1. "Som simples, guitarras, baixo, bateria e vozes. Ninguém precisa de mais frescura!", é o que diz na descrição da página da Vulgar Gods, banda criada em 2011. Mas acompanhar detalhadamente a rotina de uma banda não é tarefa tão fácil assim. Estive com a banda em Maringá durante o fim de semana para participar como fotógrafa (e cantora) no show que aconteceu sábado (21), no Kubitschek Bar, juntamente da banda No Crowd Surfing. 
    Nem sempre o que uma banda espera de um show, é o que se encontra realmente na hora em que os amplificadores são ligados e o primeiro acorde é tocado. Uma bela pérola vinda diretamente do baterista Gabriel Pelegrino descreve bem a situação de alguns pós-show pelos quais já passou. “Foi tipo meter por 50 minutos sem gozar”, ele diz com a feição indignada. Entre uma conversa ou outra, experiências são trocadas de uma forma singular, onde os integrantes abusam de piadas desbocadas, sem pudor e sempre com ar de deboche.

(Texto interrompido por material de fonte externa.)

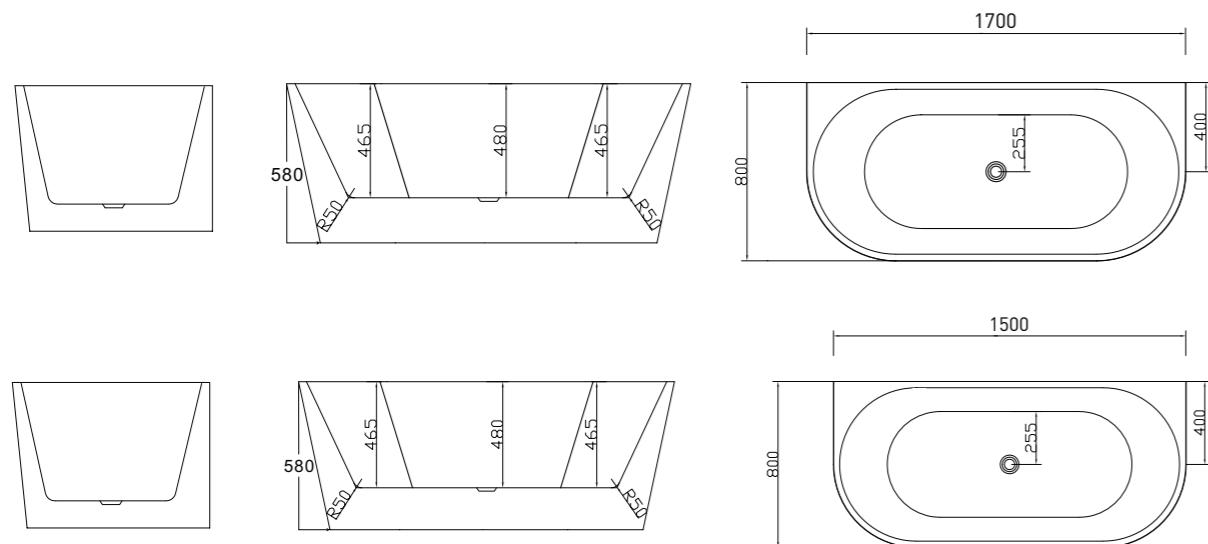

SOL

SOL FREESTANDING BATH (7) 711719 / (7) 749990

Mesmo sendo originados em uma cidade onde o que prevalece são os covers, a Vulgar Gods ainda assim se destaca com suas letras e melodias saídas diretamente da mente brilhante do vocalista Vinícius Carneiro Gouveia (ou “bird”, para os mais chegados) e do guitarrista Guilherme Hoewell. Logo em seguida, o baixista e último membro a finalmente fazer parte da banda, Thiago Ruas, que traz sempre consigo em cada ensaio uma long neck de Desperados e histórias peculiares sobre suas aventuras casuais.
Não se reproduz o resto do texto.